Она открыла двери в прихожую и в пустую гостиную. В комнате ничего не было. Никакой мебели: ни стола, ни стульев, ни ламп, ни часов, ни безделушек, – ничего, чем обычно бывают забиты гостиные; казалось, мебель оставила после себя пустое пространство, для которого раньше в квартире не было места. Пустое пространство прижалось к потолку. От пола шел запах зеленого мыла и нашатырного спирта.

– Зайди ненадолго.

Я последовал за ней в гостиную. Открытая дверь вела в кухню, где стояли швабра и ведро, на выскобленном кухонном столе лежали резиновые перчатки. Мы разговаривали, стоя посреди комнаты, голоса наши в этой пустоте звучали глухо.

– Ты переезжаешь?

Она пожала плечами.

– Чего он хочет? – вдруг спросила она.

– Прости?

– Ты пришел, чтобы что-то сказать мне? Если он не пришел сам, значит, ему что-то нужно, так было всегда. Можешь не разыгрывать вежливость. Просто скажи, что он поручил мне передать. Ему нужны деньги?

– Нет. Дело не в деньгах.

Она засмеялась, коротко и горько.

– Я не знаю, чем он занимается. Да и не хочу знать. Каждый раз, приезжая домой, он говорит, что хочет остаться. Но остается только на несколько дней. Он приезжает всегда усталый, занимает свою старую комнату и спит несколько дней подряд, а когда встает, просит дать ему в долг денег. Я всегда даю. Он уезжает, исчезает, возвращается и исчезает опять. Понимаешь?
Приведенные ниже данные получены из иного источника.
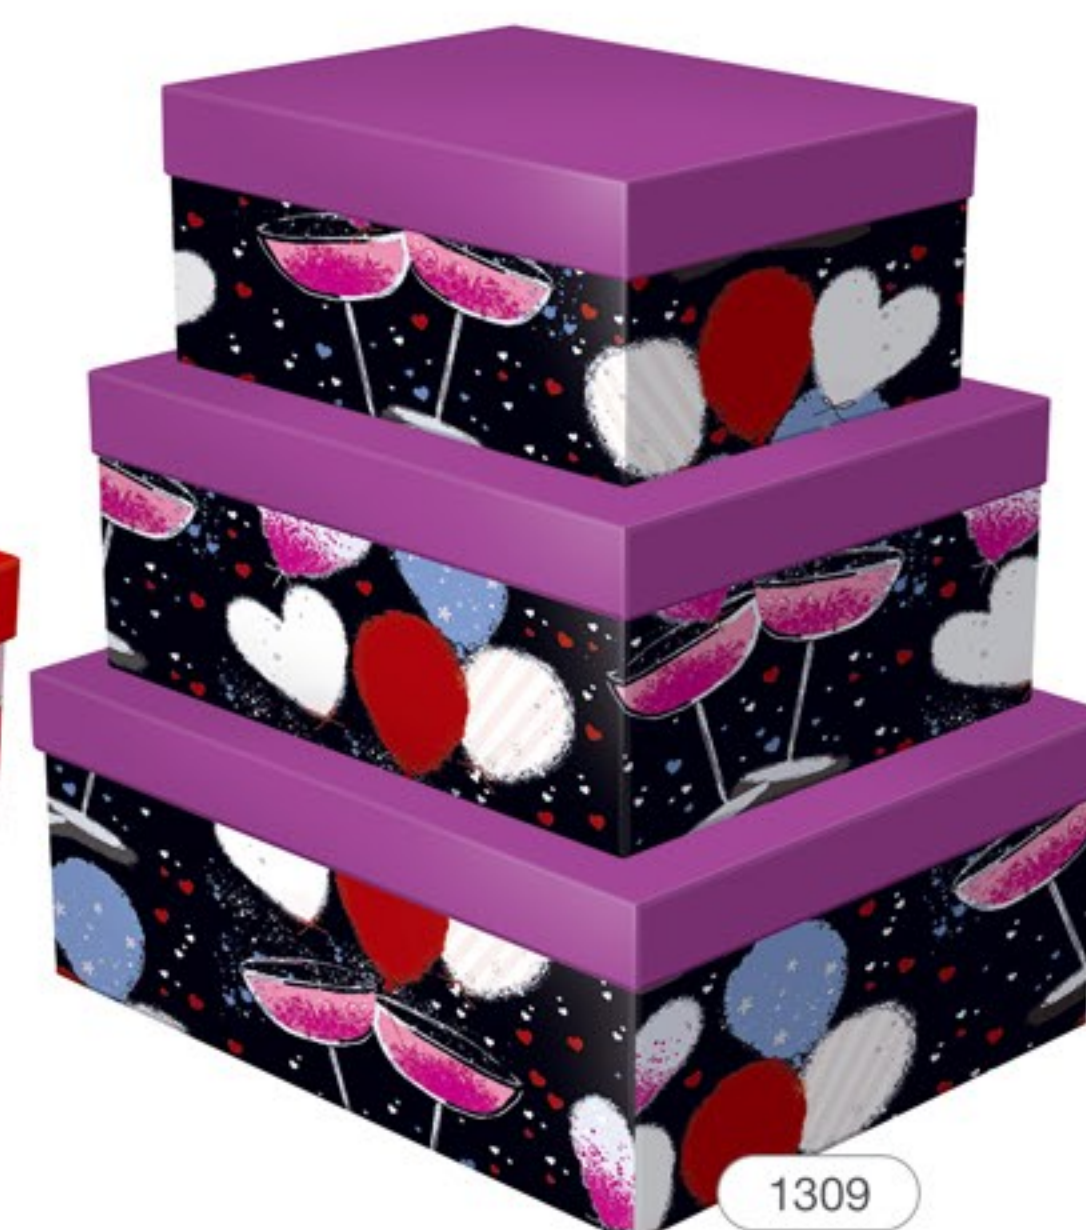

Faça a sua
combinação
com as cores
e estampas
das páginas
1, 2 e 26.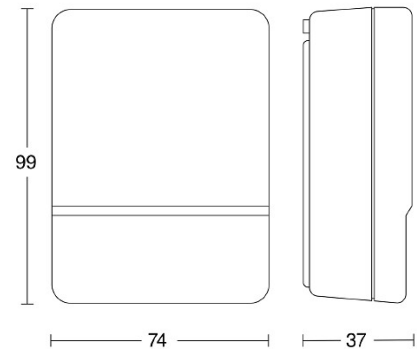

2604539 / NightMatic 2000 AP musta hämäreäkytkin seinä

Toiminnan laukaiseva valoisuuskyynnys voidaan valita NightMatic 2000:ssa alueelta 2-30 luksia.

Sähkönumero	2604539
Kuvaus	NightMatic 2000 AP musta hämäreäkytkin seinä
ETIM-luokkanimi	Hämäreäkytkin
ETIM-luokkakoodi	EC000189
Tuotesarja	Hämäreäkytkin
Tekninen nimi	2604539
Tuotenumero	6029845

Tekniset tiedot

Kytkenäteho (res.) [W]	1000
Hämäreäystason asetus [lx]	2-30
Säästökäyttötila	-
Pituus (Syvyys) (mm)	37
Leveys (mm)	74
Korkeus (mm)	99
Väri	Musta
Koteloitusluokka (IP)	IP54
Asennustapa	Pinta-asennus
Käyttökohde	Ulkotilat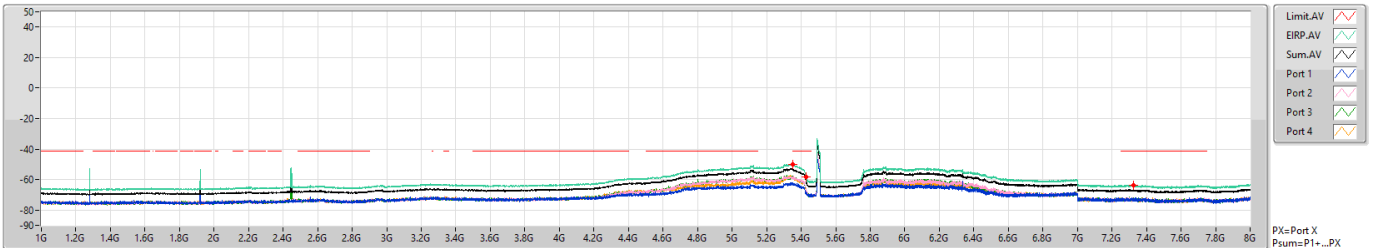

802.11ax HEW20_Nss1,(MCS0)_4TX

CSE Other [AV]

5500MHz

22/08/2022

F-Start(Hz)	F-Stop(Hz)	RBW(Hz)	Type	Freq(Hz)	EIRP(dBm)	Limit(dBm)	Margin(dB)	DG(dBi)	Ref(dB)	Psum(dBm)	P1(dBm)	P2(dBm)	P3(dBm)	P4(dBm)
1G	5.43G	1M	AV	5.35026G	-50.09	-41.20	-8.89	3.00	0.00	-53.09	-63.20	-58.86	-57.52	-58.67
5.43G	5.47G	1M	AV	5.4304G	-58.43	-41.20	-17.23	3.00	0.00	-61.43	-68.59	-67.06	-66.80	-67.54
5.765G	8G	1M	AV	7.32363G	-63.58	-41.20	-22.38	3.00	0.00	-66.58	-72.32	-72.60	-72.08	-73.52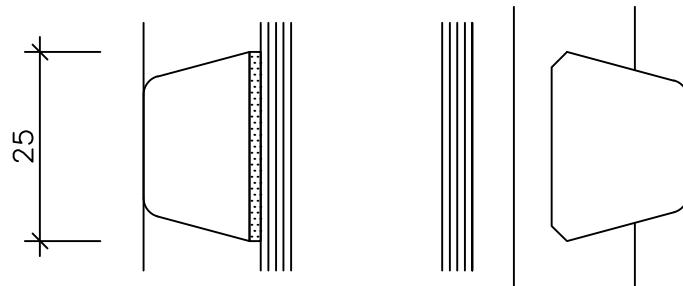

Fenster Sirius H 58/68

Setzholz "Standart" 4,02

Fenster Sirius H 58/68

Kämpfer "Standart" 4,01

Fenster Sirius H 58/68

"Standart" 6,01

Fenster Sirius H 58/68

"Standart" 6,02

Holzsporse
aussen oder innen
18/25 mm

Landhaus-Sporse
aussen, innen und im
Scheibenzwischenraum

Metallsporse im
Scheibenzwischenraum
div. Typen 20 u. Typ
26 B möglich.

Fenster Sirius H 58/68

"Standart" 7,01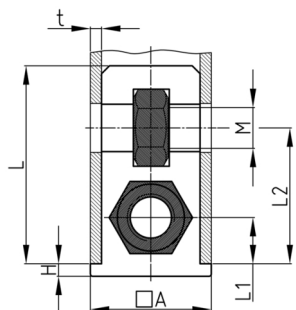

Product Group SEQM2

Screw corner connectors made of PA with collar for square tubes and two bright galvanized hexagon steel nuts

Standard Colours

- black

Material

- Base body: Polyamide (PA)
- Thread: zinc-plated steel

Order Number	A	H	L	L1	L2	M	t
	mm	mm	mm	mm	mm		mm
SEQM2 20x20x1,5 M8	20	2	42	10	25	M8	1,5
SEQM2 20x20x2 M8	20	2	42	10	27	M8	2
SEQM2 25x25x1,5 M8	25	2	43	12,5	27	M8	1,5
SEQM2 25x25x1,5 M10	25	2	42	12,5	30	M10	1,5
SEQM2 30x30x1,25 M10	30	1,5	43	15	33	M10	1,25
SEQM2 30x30x1,5 M8	30	4	40	15	32	M8	1,5
SEQM2 30x30x2 M8	30	3	41	15	33	M8	2
SEQM2 30x30x2 M10	30	2	43	15	33	M10	2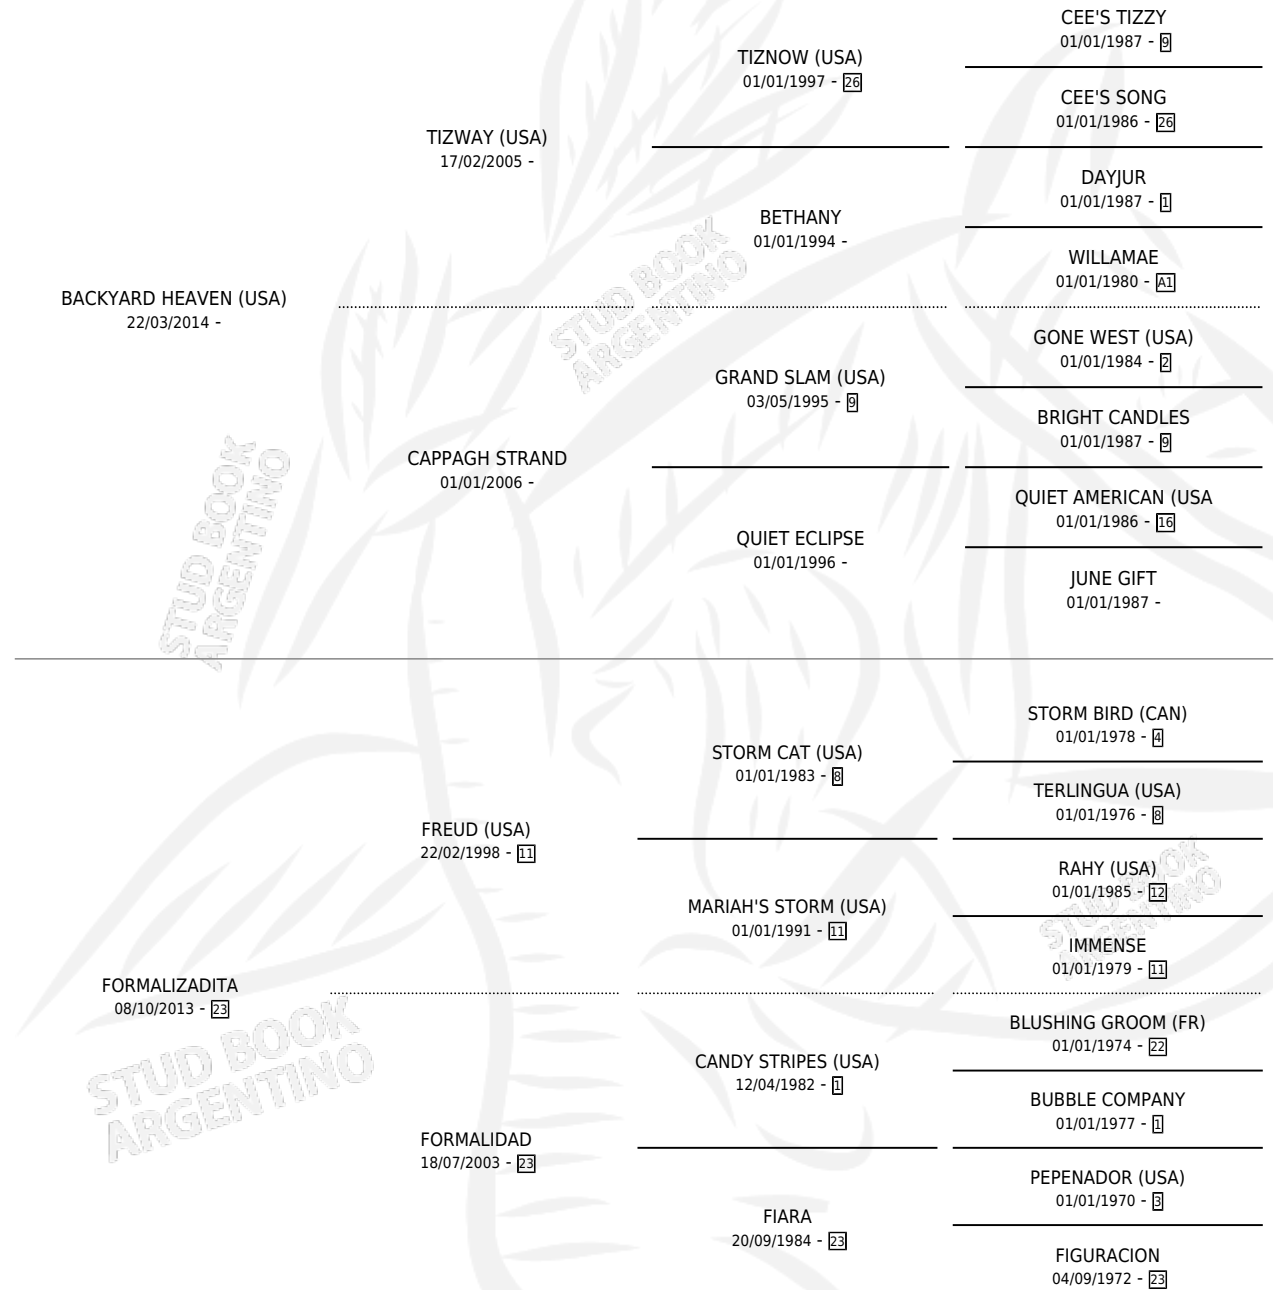

FILIBERTA

por **BACKYARD HEAVEN (USA)** y **FORMALIZADITA** por **FREUD (USA)**

Argentina · Hembra · Zaino · SP · 21/10/2024
Familia 23-a · Volumen 45

ESTADO

TIPIFICACIÓN SANGUÍNEA	X
TIPIFICACIÓN POR ADN	X
PASAPORTE	X
IDENTIFICACIÓN POR MICROCHIP	X
REPRODUCTOR	X

Lugar de nacimiento: Santa Ines
Criador: Santa Ines

PEDIGREE

FILIBERTA

Datos oficiales del Stud Book Argentino

Documento generado el 27/04/2026

studbook.org.ar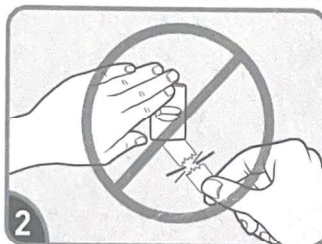

1. 2
2. GB Never towards you!
   - PL Nie ciągnąć paska do siebie!
   - LT Netempkite nukreipus į save!
   - LV Nekad neraujiet pret sevi!
   - EE Ära tõmba riba enda poole.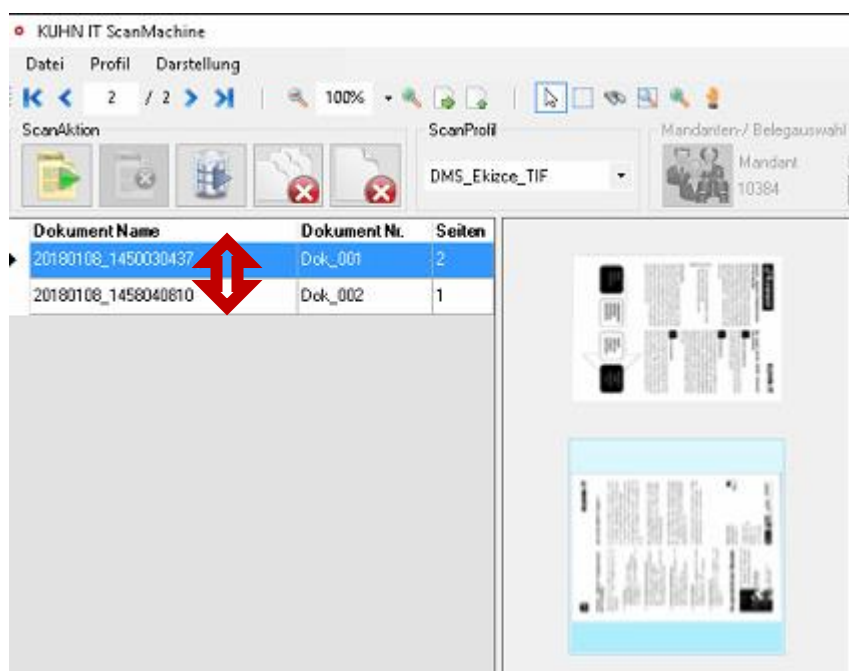

Oberfläche

Die Schnellauswahl Buttons wurden um zwei Löschfunktionen erweitert

Löschen des gesamten markierten Dokuments ohne Rückfrage. Bisher nur über Menüpunkt Datei erreichbar.

Löschen einer einzelnen Seite ohne Rückfrage. Bisher nur über die rechte Maustaste und mit Bestätigung möglich.

Mandantenauswahl DUO

Die Ansicht „Liste der Mandanten“ wurde etwas vergrößert.

Pfeiltasten Seitenansicht

Sie können nun auch mit den Pfeiltasten auf Ihrer Tastatur zwischen den angezeigten Seiten hin und her springen.

Pfeiltasten Dokumentenstruktur

Sie können nun auch mit den Pfeiltasten zwischen den einzelnen Dokumenten wechseln

Drehen oder Löschen von Seiten

Wenn Sie einzelne Seiten im Dokument löschen oder drehen, so bleibt der Fokus anschließend auf dieser Seite bzw. auf der vorhergehenden Seite (beim Löschen).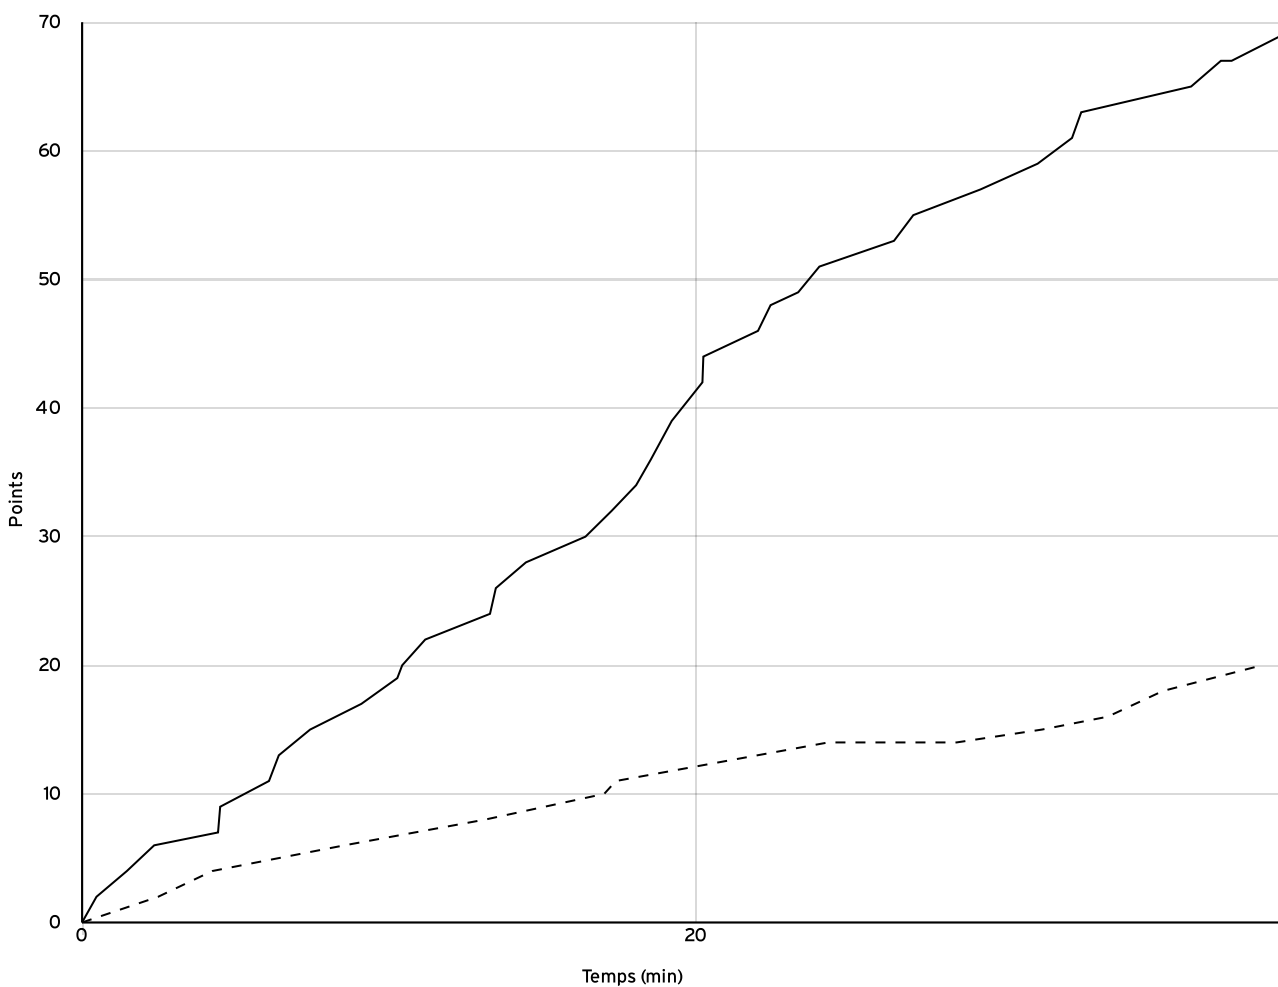

Départementale
 féminine seniors
 - Division 2
 DF2

Rencontre N°
 5246

Date 21/01/22

Heure 20:30

Lieu PONT-DE-L'ARCHE

Poule A

1^{er} arbitre DUMONT D

2^e arbitre ISIDORI F

3^e arbitre

DONNÉES ET RATIOS

Données	LOCAUX	VISITEURS
Avantage maximum	49	0
Série maximum	19	4
Points du banc	19	9
Égalités		0
Durée de l'avantage	12:02	00:00

PROGRESSION DU SCORE

LOCAUX

VISITEURS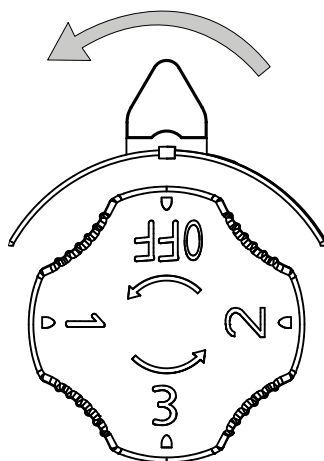

I connettori sono nascosti all'interno  
 Connectors are hidden inside

①

Assicurarsi che la leva sia posizionata lateralmente in modo che i connettori siano nascosti.  
 Make sure the lever is positioned sideways so that the connectors are hidden.

②

Inserire i connettori nel binario come illustrato.  
 Plug the connectors into the track as illustrated.

③

Ruotare la leva dei connettori di 90° come illustrato e bloccare il faretto.  
 Turn the connectors' lever 90° according to the illustrated direction and lock the light.

④

Selezionare la fase desiderata.  
 Select the chosen phase.

Non smontare la struttura interna della lampada.  
 Do not take apart the lamp's internal structure.

Non installabile su un soffitto inclinato.  
 Do not install on sloping ceiling.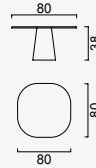

Chelsea Middle Coffee Table (Walnut-Glass)

KG: 18,5 m³: 0,09

Chelsea Middle Coffee Table (Walnut-Wood)

KG: 13,2 m³: 0,08

Chelsea Middle Coffee Table (Lake-Wood)

KG: 13,2 m³: 0,08

Chelsea Middle Coffee Table (Lake-Glass)

KG: 18,5 m³: 0,09

Chelsea Side Table (Walnut-Wood)

KG: 8,65 m³: 0,06

Chelsea Side Table (Walnut-Glass)

KG: 18,0 m³: 0,09

Chelsea Side Table (Lake Wood)

KG: 8,65 m³: 0,06

Chelsea Side Table (Lake Glass)

KG: 18,0 m³: 0,09

Я никогда не знаю, сколько времени он проживет у меня. Никогда не знаю, где он и чем занимается и сколько времени проживет дома. Однажды я пошла в тот подвал, который он снимает. Я уговорила домовладельца впустить меня. Ты не знаешь, чем он там занимается?

Я не поднимал глаз.

– Я тоже. Он собирает вещи, которые принадлежали отцу. Пачки сигарет. Старые фотографии. Тренировочный велосипед. Все это он нашел у меня в чулане и теперь устраивает что-то вроде музея… Не знаю… Я не могла долго там находиться. Там такая атмосфера. Так…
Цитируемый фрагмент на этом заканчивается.